Do not write any emails to friends about this. Emails are forever. Delete the one you sent to me, and empty the trash. Change your passwords now. Be very careful with instant messaging, which records the entire conversations unless you take pains to be certain they are deleted. The other person’s instant messaging is recording it also. Do not text about it on your phone. Your phone records it and so does the other person’s phone.
There are several blogs and online forums for young atheists. It’s understandable that you would want to vent and to have some camaraderie with like-minded and similarly frustrated young people. BUT if you visit these sites, use a pseudonym different from any other username you use anywhere else, and create a separate email address to register for those sites. When commenting, do not reveal details about yourself or your home that could lead to identifying you. Do not use a picture of yourself. Cover your tracks in every way. Teen atheists are not the only people who read those sites.

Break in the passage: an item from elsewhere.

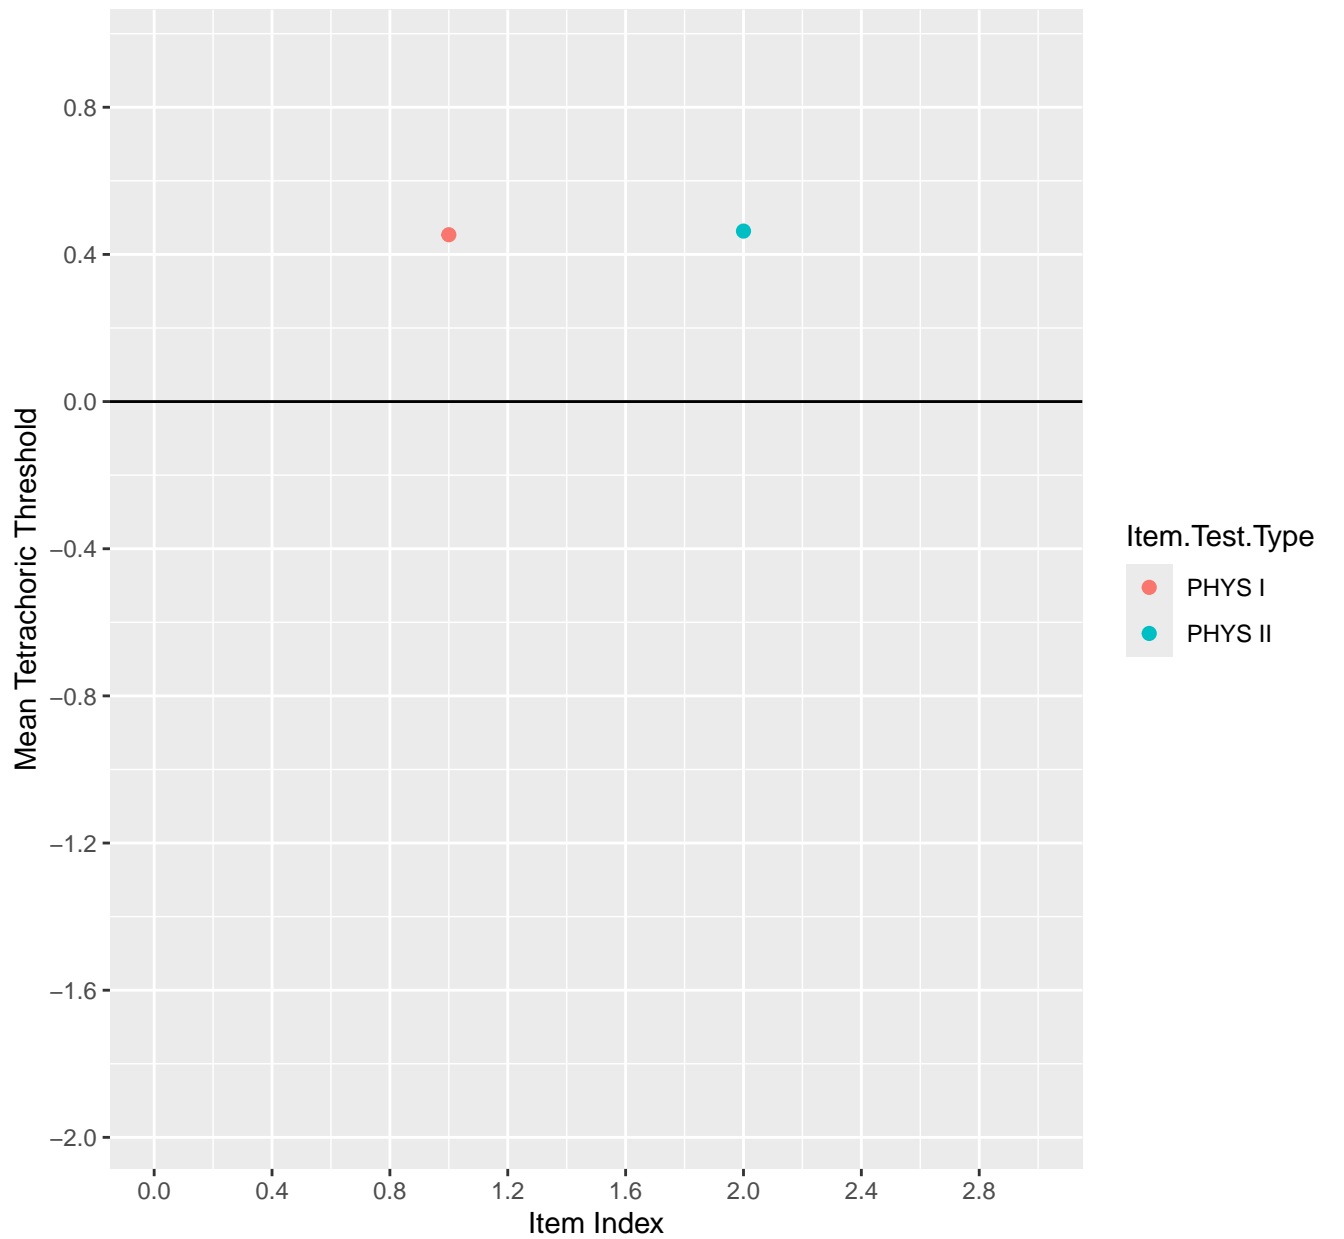

Mean Tetrachoric Threshold For KD1.21.V1
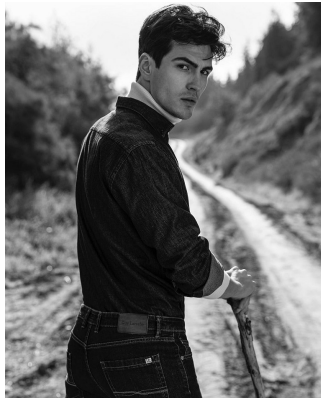

# BOSS MODELS

CAPE TOWN

## DREW NEROS

Height: 185cm Chest: 102cm Waist: 78cm Suit: 40 R Shoe: 10.5 UK Hair: Black Eyes: Brown

When you turn 18, depending on the state where you live, you will have more legal rights as an adult, but you will probably not have financial independence from your family for quite some time afterward. You will probably have to hold your tongue and do the minimum religious things if you want to stay at home, or have them pay your rent or pay for college. Look at the Madrasa as a cultural observation project and you’re an anthropologist.
If you are not a U.S. citizen, then when you turn 18, quietly begin applying for your own separate immigration status, and perhaps applying for citizenship. These processes take a long time, so start as soon as you can.
I understand very well how difficult it is for a 17-year-old Americanized girl to have to put up with the social and personal suppression that you have described, but the consequences of this reaching your parents before you have legal and financial control over your own destiny could be far worse than what you are enduring now.
I also understand your frustration at having to conceal your opinions and views from your family. Unfortunately, freedom of speech includes the freedom to get the consequences of speaking freely. Sometimes the consequences come down like a ton of bricks.
Patience is not something for which 17-year-olds are famous. They are famous for their passion, their idealism, and their uncontainable energy. But you must develop this grownup virtue of patience now, or those three youthful traits, which are both blessings and curses, could be smothered before they have a chance to blossom into wise and bold actions to make a positive difference in your life and in the world.
Whenever you feel frustrated and impatient, take deep, slow breaths and channel that energy into preparing for your financial, physical and emotional independence. Save your money, learn marketable skills, and study hard. Let your quiet preparations give you hope and comfort, knowing that you are making progress toward one day having the freedom to fully be yourself. If you don’t use that emotional energy constructively, it might burst forth impulsively with regrettable results.
When you are an adult with personal power coming from within, from your assets, and from the law, you can gradually build a more truthful relationship with your parents. They may be upset, they may eventually accept, or they may completely reject you, but you will be negotiating from a position of strength, from a life that you have built into something they can still be proud of, if they can rise above their preferences and prejudices about religion.
Atheist Muslim, believe in yourself and safeguard yourself as if you were your own beloved child. Your ability to have thought your way out of your indoctrination is rare and precious. I’m sorry to have to advise a young person full of vitality and love of life to be so very cautious, but I want to see you grow and prosper and have a chance to offer your clarity to the lucky people who will know you.